| YOUR ASSIGNMENT |
For this item, repeat the material exactly while omitting its pictures.

INFORMATION SHOWN Start Marker

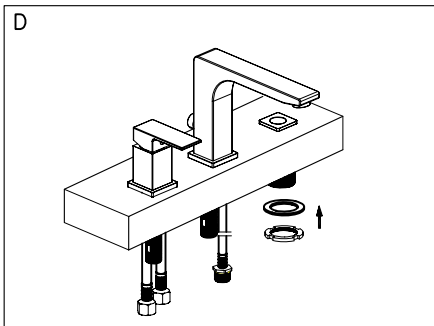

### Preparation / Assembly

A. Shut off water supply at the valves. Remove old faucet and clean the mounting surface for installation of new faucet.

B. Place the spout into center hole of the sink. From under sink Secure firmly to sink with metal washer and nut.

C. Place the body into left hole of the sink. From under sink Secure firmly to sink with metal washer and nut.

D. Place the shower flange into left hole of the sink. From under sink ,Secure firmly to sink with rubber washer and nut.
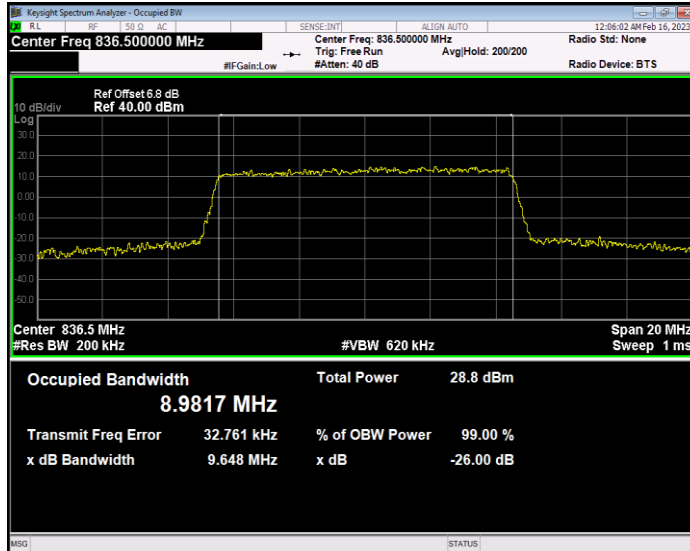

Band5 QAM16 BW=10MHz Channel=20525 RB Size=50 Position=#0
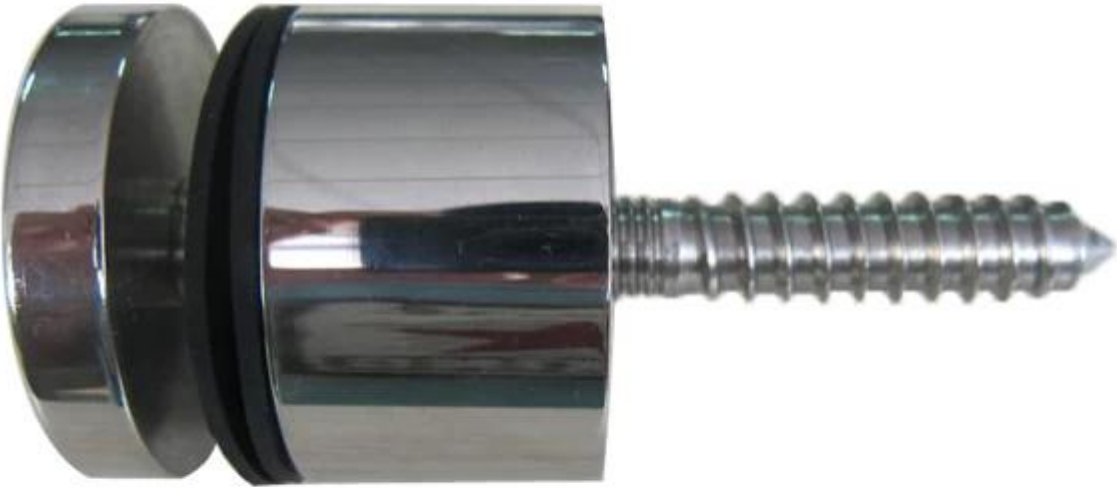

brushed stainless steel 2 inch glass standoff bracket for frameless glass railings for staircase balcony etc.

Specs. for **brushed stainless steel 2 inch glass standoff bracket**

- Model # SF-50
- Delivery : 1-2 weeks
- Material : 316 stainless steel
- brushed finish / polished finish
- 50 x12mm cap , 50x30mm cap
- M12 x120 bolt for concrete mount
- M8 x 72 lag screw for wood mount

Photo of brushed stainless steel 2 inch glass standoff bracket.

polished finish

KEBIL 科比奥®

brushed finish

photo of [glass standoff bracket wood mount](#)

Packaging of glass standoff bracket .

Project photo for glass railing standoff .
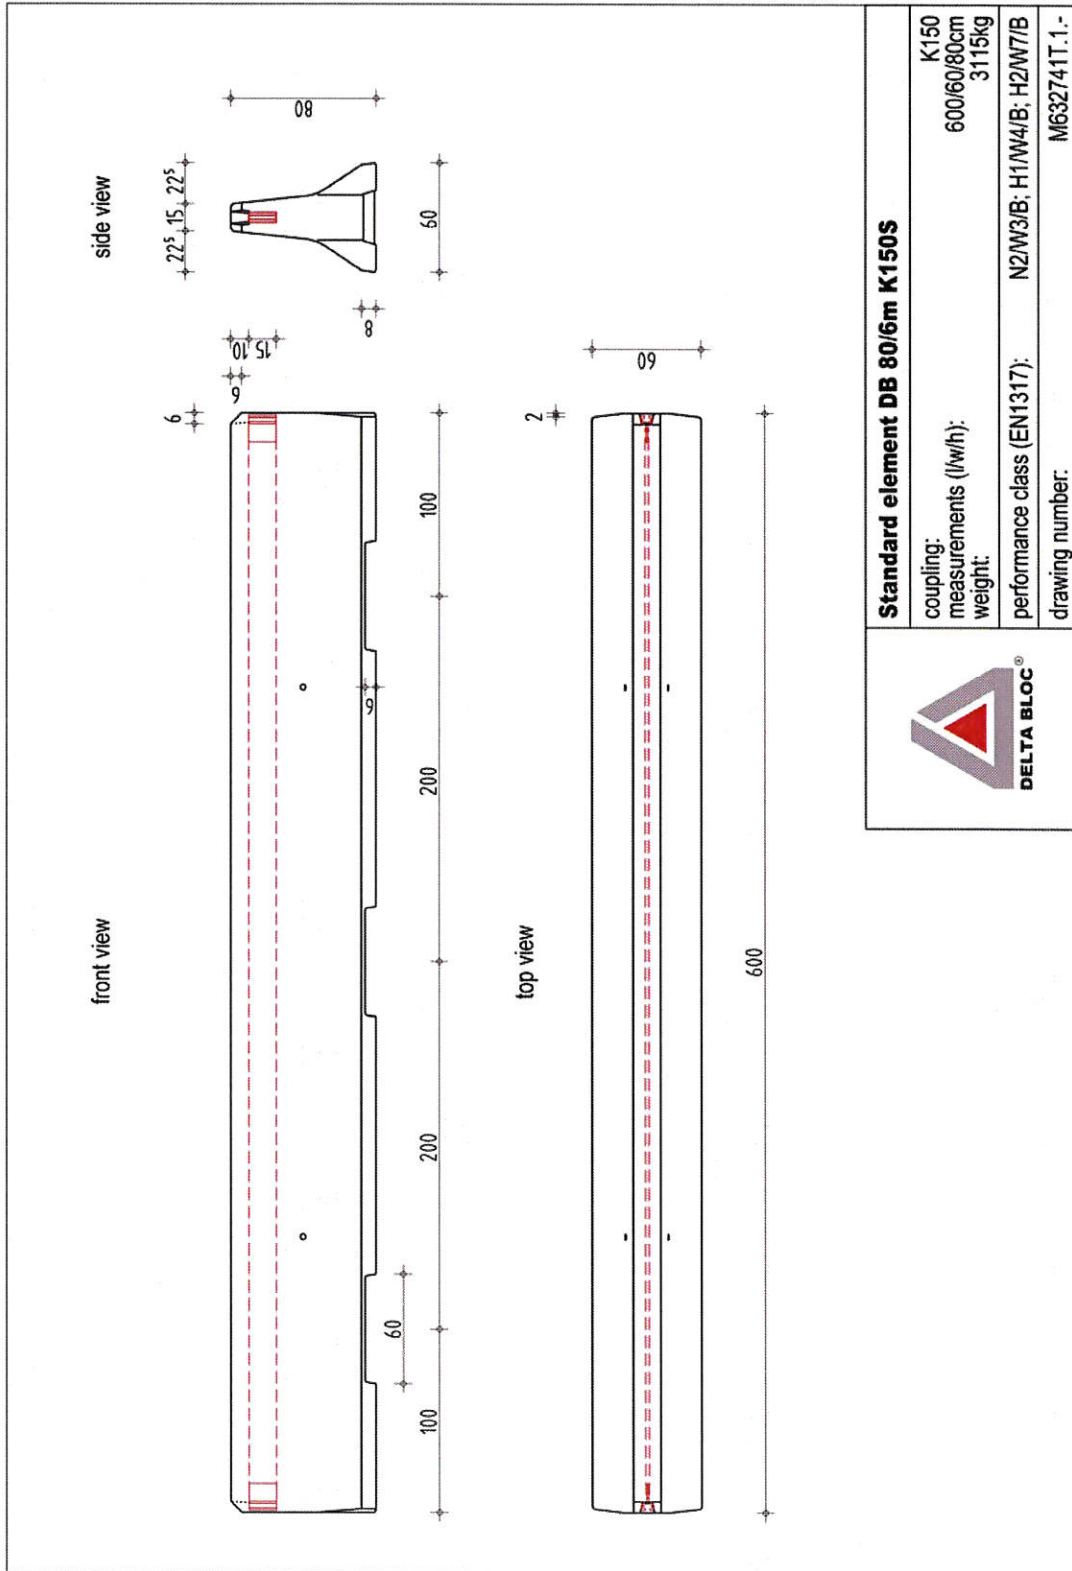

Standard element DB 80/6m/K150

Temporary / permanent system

INFORMATION SHOWN End Marker

| WRITTEN ANSWER |
### Preparation / Assembly

A. Shut off water supply at the valves. Remove old faucet and clean the mounting surface for installation of new faucet.

B. Place the spout into center hole of the sink. From under sink Secure firmly to sink with metal washer and nut.

C. Place the body into left hole of the sink. From under sink Secure firmly to sink with metal washer and nut.

D. Place the shower flange into left hole of the sink. From under sink ,Secure firmly to sink with rubber washer and nut.

Band5 QAM16 BW=10MHz Channel=20525 RB Size=50 Position=#0

brushed stainless steel 2 inch glass standoff bracket for frameless glass railings for staircase balcony etc.

Specs. for **brushed stainless steel 2 inch glass standoff bracket**

- Model # SF-50
- Delivery : 1-2 weeks
- Material : 316 stainless steel
- brushed finish / polished finish
- 50 x12mm cap , 50x30mm cap
- M12 x120 bolt for concrete mount
- M8 x 72 lag screw for wood mount

Photo of brushed stainless steel 2 inch glass standoff bracket.

polished finish

KEBIL 科比奥®

brushed finish

photo of [glass standoff bracket wood mount](#)

Packaging of glass standoff bracket .

Project photo for glass railing standoff .

Standard element DB 80/6m/K150

Temporary / permanent system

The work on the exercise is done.